= Repressive desublimation =

Concept of commodification of art

In advanced industrial societies, repressive desublimation is the way that "the progress of technological rationality is liquidating the oppositional and transcending elements in the 'higher culture. In other words, where art was previously a way to represent "that which is" from "that which is not", capitalist society causes the "flattening out" of art into a commodity incorporated into society itself. As its coiner Herbert Marcuse put it in One-Dimensional Man: "The music of the soul is also the music of salesmanship."

By offering instantaneous, rather than mediated, gratifications, repressive desublimation was considered by Marcuse to remove the energies otherwise available for a social critique; and thus to function as an emancipating dynamic under the guise of collectivist politics.

==Origins and influence==

The roots of Marcuse's concept have been traced to the earlier writings of Wilhelm Reich and Theodor Adorno, as well as to a shared knowledge of the Freudian idea of the involution of sublimation.

Marcuse's idea fed into the student activism of the 1960s, as well as being debated at a more formal level by figures such as Hannah Arendt and Norman O. Brown. A decade later, Ernest Mandel took up Marcuse's theme in his analysis of how dreams of escape through sex (or drugs) were commodified as part of the growing commercialisation of leisure in late capitalism.

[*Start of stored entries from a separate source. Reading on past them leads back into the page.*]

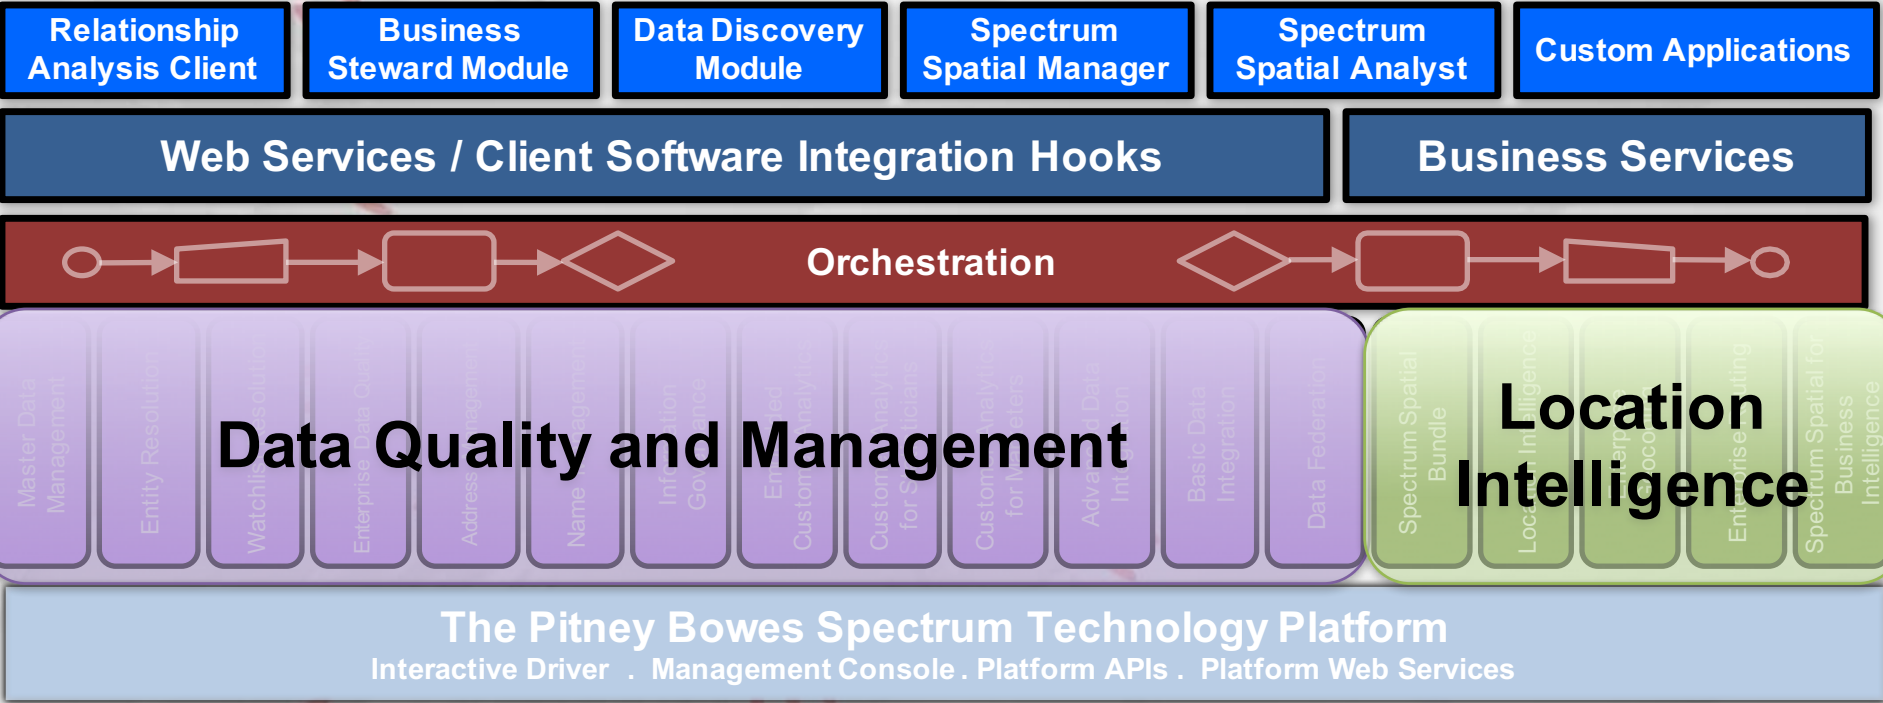

Lot Plan Details

Property No	33631
Lot No	2
Plan No	LP55259
Parcel ID	26LP55259
Folio ID	1099024
LGA Code	

Layers

Search

Coordinate Export

It's not just about
maps . . .

It's also about the data!

accuracy Strategy
Governance Provenance
Quality Accuracy
Integration currency Integration

Spectrum Platform High Level Overview

Spectrum Data Quality and Management

Use Cases

Spectrum Location Intelligence

Spectrum Spatial Analyst

Out of the box on premise LI Portal, includes the ability to:

- Deploy an LI web portal quickly
- Security: allow different user groups/users to access different maps and functions
- Querying – Administrator defined or user defined – Spatial or Attribute
- Easily configured find my nearest
- Editing of Spatial Database attributes or objects.
- Mobile enabled for iOS, Android and Windows Mobile.
- Includes Bing and OSM base mapping
- Custom Templates to extend SSA capabilities
- Available in 15 Languages out of the box, including Turkish

Business Objects

Microsoft
SQL Server
Reporting Services

tableau

QLIK SENSE

BIRT
BUSINESS INTELLIGENCE REPORTING TOOL

QlikView

SSBI

- SSBI Provide True Spatial Analysis within your BI Tool
- Its not just an Image with Points on top
- High Performance
- Scalable

- Improve your data Quality
- Understand your Customers
- Ensure your mail is delivered to the right place
- Reduce risk
- Ensure you maximise the use of your Big data
- Add a spatial dimension to you Business Intelligence Platform
- Share Spatial data
- Empower your field staff

The central logic of Marcuse's thought concerned itself with "repression" in late capitalism, which operates not through control and denial, but allowance and expression. Here the social "no" is eliminated, wherein all pleasures become allowed – in commodified form – leading to the controlled expression of all desires and wants, as the presentation and manipulation of these into prefabricated commodified forms becomes the crucial tool of recuperation and control in post-industrial capital. False consciousness is perpetuated and the free exercise and pursuit of pleasure becomes a strategy of containment, as individuals find the vector of their desires, wants, drives, etc., become part of the Culture Industry. The actual material unfreedom of individuals (vis-a-vis a Marxist analysis of the means of production and labor's exploitation/alienation/reification) passes by unnoticed – as the "negative is sublated."

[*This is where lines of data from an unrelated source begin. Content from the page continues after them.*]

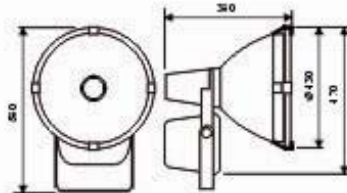

- Operating Voltage:110-130V/60Hz, 220-240V/50Hz
- Max Watt:400W
- Lamp:MH250-400W/E40
- Material:Die Casting Aluminium
- Finishes:White, Black
- IP Rating:IP 65

The key is that the well or reservoir of revolutionary energy (dissatisfaction, frustrated desire, truncated fulfillment, bastardised actualisation of wants, failed cathexis, etc.) which historically has served as the catalyst for revolutionary action no longer exists, as late capitalism has learned to allow for the controlled expression of all desires, whence the experience of frustration (negation) is erased, leading to the seeming appearance of capitalism as an "affirmative" culture – where never faced with denial, negation, or curtailment in their cultural life, the proletariat feels no desire or drive for revolutionary action. Individuals thus pursue instantaneous and non-mediated desire satisfaction which dissipates the energies and drivers of critique and negative thinking. "The world is no longer perceived as hostile" wherein the status quo is perpetuated through the proliferation of comforts, consumerism, and commodification; where the concept of repressive desublimation highlights the desire-production and control dynamics of these processes. Controlled gratification is therein said to produce voluntary compliance and submission, wherein the desire for transcendence is eradicated. This is opposed to prior societies whose social controls banned the access and expression of certain pleasures, leading to their "repression," which was expressed as an antagonism in the life of individuals who were forced to "sublate" their desires into socially acceptable forms.

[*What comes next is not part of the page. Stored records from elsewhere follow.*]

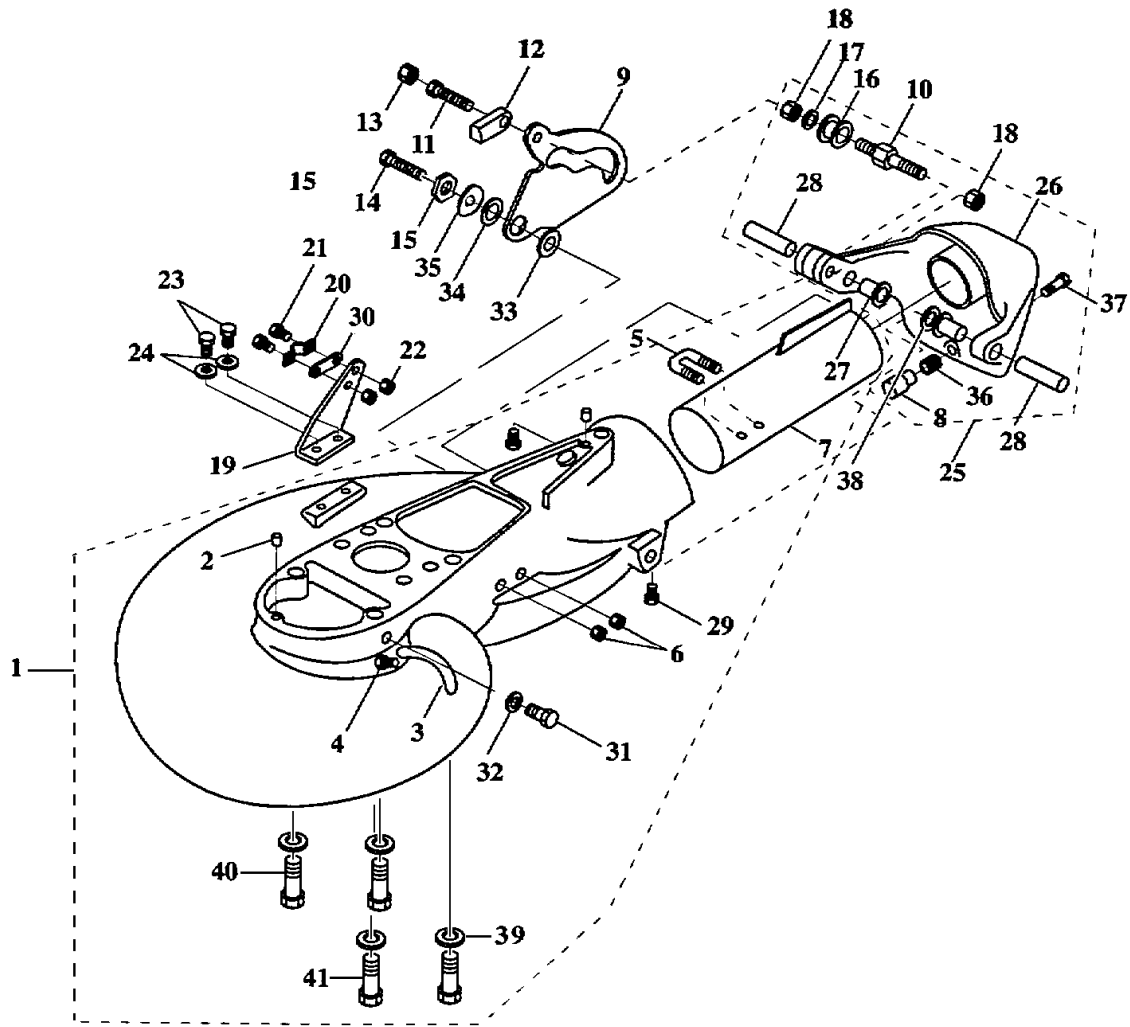

Part List

F60TJRD-PUMP 2005 / MAIN HOUSING F50 60

REF - NO	PART NUMBER	PART NAME	QUANTITY	REMARKS
1	63D-JD001-36-90	MAIN HOUSING	1	
2	6H4-JD006-31-00	DOWEL PIN	2	
3	6H4-JD009-75-00	GREASE HOSE	1	
4	6H4-JD005-39-00	GREASE FITTING	1	
5	6H4-JD008-46-00	U-BOLT	1	
6	6H4-JD006-21-00	NUT, NYLOC	2	
7	6H4-JD000-80-00	EXHAUST TUBE	1	
8	6H4-JD001-16-90	GATE BUMPER	1	
9	6H4-JD001-03-50	SHIFT CAM, MEDIUM	1	
10	6H4-JD001-04-30	SHAFT, ROLLER	1	
11	6H1-JD005-73-00	BOLT	1	
12	63D-JD005-53-02	BALL END	1	
13	6H4-JD006-23-00	NYLOC	1	
14	6H4-JD005-74-10	BOLT, HEX HEAD NYLOC	1	
15	6H4-JD001-03-60	CAM, ECCENTRIC DRILLED	1	
16	6H4-JD001-04-20	SHAFT, ROLLER	1	
17	6H4-JD006-35-00	WASHER, PLAIN	1	
18	6H4-JD006-24-00	NUT, FIBER LOCK	2	
19	6H4-JD001-56-00	BRACKET, CABLE SUPPORT	1	
20	6H4-JD005-43-00	CABLE CLAMP	1	
21	6H4-JD005-61-00	SCREW	2	
22	6H4-JD006-19-00	NUT, FIBER LOCK	2	
23	6H4-JD005-72-00	BOLT	2	
24	6H4-JD006-35-00	WASHER, PLAIN	2	
25	6H4-JD001-17-60	GATE ASSY. MED CAM	1	
26	6H4-JD011-75-01	REVERSE GATE, MEDIUM	1	
27	6H4-JD005-35-00	NYLON SLEEVE	2	
28	6H4-JD008-22-00	PIN, REVERSE PIVOT	2	
29	6H4-JD005-74-00	BOLT	2	
30	6H4-JD005-42-00	SHIM	1	
31	6H4-JD001-02-40	FLUSH SCREW	1	
32	6H4-JD001-02-50	WASHER, FIBER M8	1	
33	6H4-JD001-03-70	BUSHING, CAM	1	
34	6H4-JD001-03-80	WASHER, CAM	1	
35	6H4-JD001-03-90	SHIM, CAM	2	
36	6H4-JD001-17-00	SPRING, GATE BUMPER	1	
37	67C-JD005-59-02	SCREW, NYLOC	1	
38	6H4-JD001-17-70	WASHER, SPRING	1	
39	6H4-JD006-40-00	WASHER, SPRING LOCK	4	
40	6H4-JD006-03-00	BOLT, 5/16"-18 X 2-1/2"	2	
41	6H4-JD005-99-00	BOLT, HEX HEAD	2

According to Marcuse, today repression operates through the desublimation of desire, wherein no desires are forced underground, therein eliminating forms of critical distance from society. For examples, see the acceptance of pornography, sex work, drug culture, BDSM, furries, gay culture, lavish living, trans culture, and the like, which are no longer seen by society as negative or pernicious lifestyles. The pursuit of these is now sanctioned and celebrated, meaning being a member of these types of forms of life is no longer a subversive action or lifestyle, but in fact, has been commodified and now perpetuates capital society via the value-form. A negative has been turned into a positive – only operating here at the level of desire-production. This idea was later picked up by Deleuze, Baudrillard, Žižek, and others.

==Subsequent developments==

Critical exploration of contemporary raunch culture has been usefully linked to the notion of repressive desublimation.

Some postmodernist thinkers, while accepting repressive desublimation as a description of changing social mores, see the ensuing depthlessness of postmodernism as something to be celebrated, not (as with Marcuse) condemned. The advertisement-based system of mass sexualised commodification of the nineties meshed with the conservative, post-political ethos of the times, to create a media-friendly and increasingly pervasive superficial sexuality.

Figures like Slavoj Žižek however have taken up Marcuse's idea in a more critical sense, to explore the postmodern short-circuiting of desire, and effacement of the psychological dimension to sex. Here what has been called the socialisation of the unconscious into mass form of pleasure-drills, and the exercise of control through the command to transgress, rather than to repress, appear as practical instances of repressive desublimation pervading global culture.

==Criticism==

Marcuse's idea has been criticized for utopianism in seeking to envisage an alternative to the happy consciousness of repressive desublimation that permeates postmodern culture, as well as for modernist elitism in his appeal for critical leverage to an 'autonomous' sphere of high culture.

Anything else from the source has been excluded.